А потом она скользнула ко мне, сразу же зарылась лицом в подушку – и только потом, уже войдя в нее, я увидел широко распахнутые, будто бы в изумлении, темные глаза.
Мы терзали друг друга молча – несколько часов кряду, взлетая и опускаясь, валясь в изнеможении на алые подушки и почти тотчас же бросаясь в набегающую волну – вновь и вновь, не произнося ни единого слова. Наверное, они были не нужны.
И лишь позже, после нескольких часов черного беспамятного сна, похожего больше на погружение в ничто, я раскрыл глаза и, увидев, что она одевается, стоя возле иллюминатора, сказал:
– Теперь ты всегда будешь уходить, оставляя меня одного?
Она резко обернулась – на лице мелькнуло не то смущение, не то горечь – и, подхватив мужскую сорочку со множеством воротников, выскочила из спальни прочь…

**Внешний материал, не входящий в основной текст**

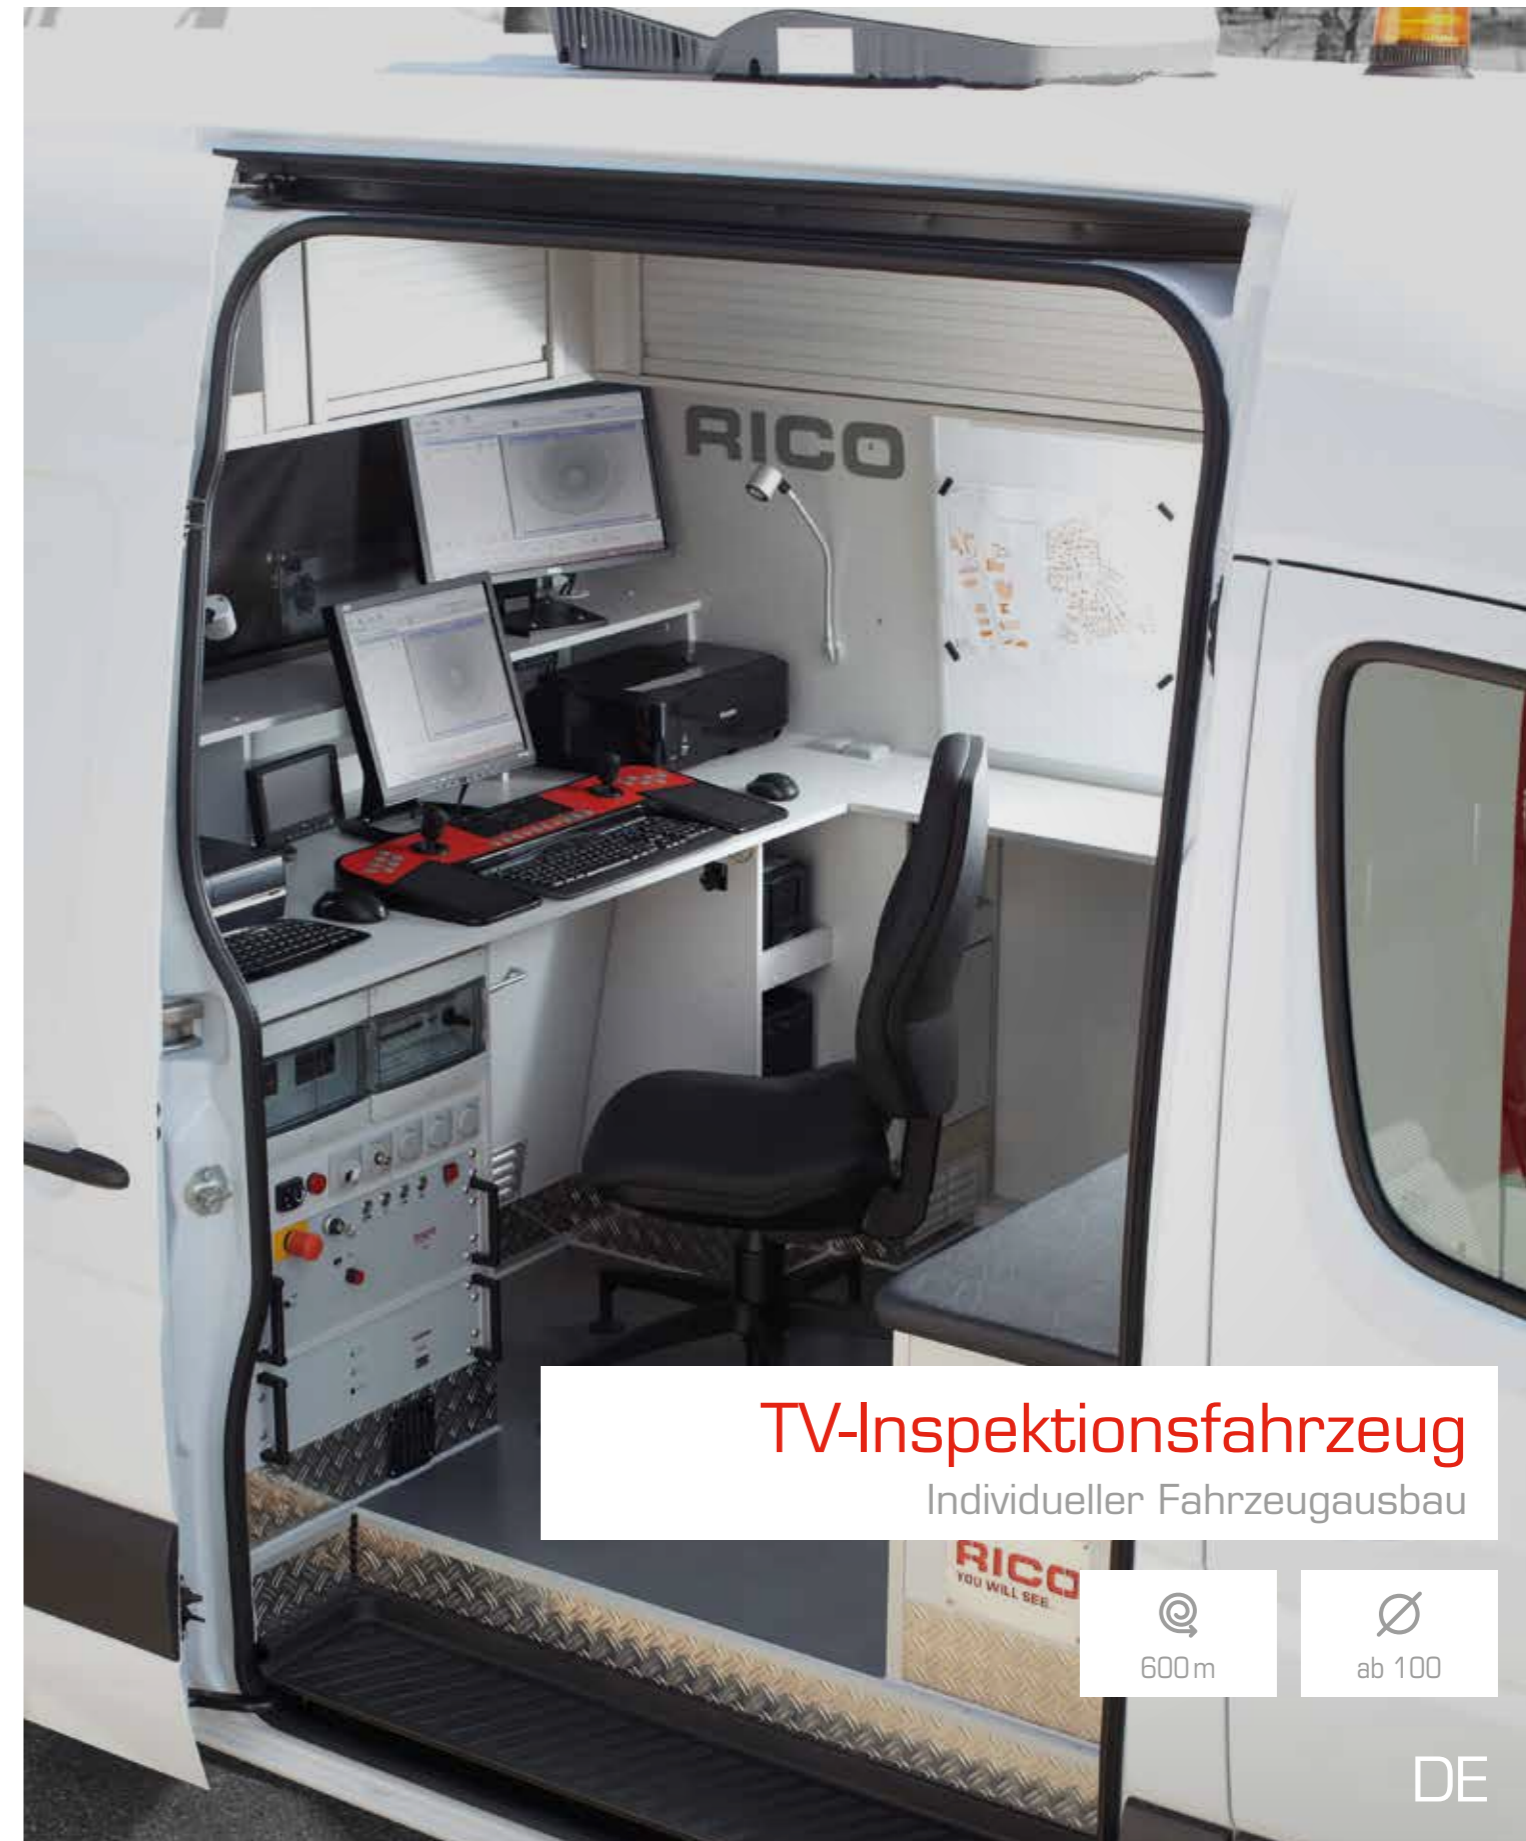

TV-Inspektionsfahrzeug

Individueller Fahrzeugausbau

600 m

ab 100

DE

Produktmerkmale

- Komplettes, individuell ausgebautes TV-Inspektionsfahrzeug
- Leichte und hochwertige Materialien
- Individuell wählbares Trägerfahrzeug
- Je nach Anforderung verschiedene Fahrwagen und Kameras einsetzbar, Arbeitsbereich von Ø 100 bis 1400 mm
- Panoramascheibe aus Sicherheitsglas zwischen Bedien- und Rückraum
- Arbeitsbereiche sowohl im Bedien- als auch im Rückraum ergonomisch und funktional gestaltet
- Spannungsversorgung nach Kundenwunsch
- Auf Wunsch emissionsfreie Energieversorgung durch Lithium-Ionen-Akkusystem
- Individuell wählbare Kanal-TV-Inspektionssoftware
- Viel Stauraum für Zubehör und Sicherheitsausstattung im gesamten Fahrzeug
- Umfangreiches Sortiment an optionaler Zusatzausstattung
- **Made in Germany**

Rückraum

- Kabeltrommel mit bis zu **600 m Eindrahtkabel**
- Individuell wählbarer Ablasskran
- Funkfernbedienung zum Steuern von Kabeltrommel und Fahrwagen aus dem Rückraum
- Individuell wählbare Rückraum- und Schachtbeleuchtung
- Edelstahlgestell für die Kabeltrommel mit Auszugswanne für Fahrwagen
- Wassertank mit elektrischer Pumpe und Reinigungsanlage
- Stickstoffbefüllanlage speziell für explosionsgeschützte Geräte

Kompatibel mit allen RICO-Produkten

600 m

100 mm - 1400 mm

INDIVIDUELL | INNOVATIV | INTELLIGENT
RICO setzt Maßstäbe in Technik, Verarbeitung und Individualität

Bedienraum

- Leistungsfähiger Industrie-PC mit unterbrechungsfreier Stromversorgung
- Gut zugängliche Anschlüsse für Erweiterungen, wie z. B. zusätzliche Monitore, RPP, etc.
- Individuell wählbare Beleuchtung des Arbeitsbereichs
- Dachhaube mit Ventilator oder Klimaanlage
- Unabhängige Zusatzheizung mit zusätzlicher Wärmeverteilung in den Rückraum

Звон бронзового колокола, долетевший до моего уха, заставил меня поднять голову. Я посмотрел в иллюминатор, не обнаружив там ничего, кроме дождя и моря, и поднялся. Обедали мы, по раз и навсегда заведенному распорядку, в кают-компании. Пройдя темным коридором, я поднялся по трапу и почти столкнулся со стюардом, несущим какое-то блюдо. Странное дело, но на «Бринлеефе» мой хваленый аппетит куда-то исчезал, словно его и не было вовсе. Наверное, это происходило из-за того, что я никак не мог отделаться от сумрачной меланхолии, одолевавшей меня всякий раз, когда я поднимался на борт своего корабля. На суше, особенно в столице, тень Эйно отступала, а здесь она ждала меня в каждом углу. Он ушел, говорил я себе. Он ушел, и мир памяти его; но слишком многое связывало меня с этим удивительным человеком, не позволяя избавиться ни от воспоминаний, ни от чувства одиночества, с новой силой вспыхивающего во мне всякий раз, когда я слышал гул ветра в этих, так знакомых мне парусах.
Я посторонился, пропуская стюарда в распахнутую дверь. Он быстро поклонился – при этом я разглядел здоровенного жареного гуся, покоящегося на серебряном блюде, – и бросился к столу, за которым уже восседал Иллари с мокрой, только что расчесанной головой.
– Барометр валится вниз, – озабоченно сообщил он мне. – Похоже, будет шторм.
– Может, просто ливень, – отозвался я, ища глазами Айрис.
Она сидела в кресле под иллюминаторами, погруженная в какую-то книгу. Я подошел к ней и потрепал ее по плечу.
– Хвала небесам, ты не подвержена морской болезни. Мой друг граф Дериц, например, сходит с ума при одном только виде волны. Ну что ж, прошу садиться.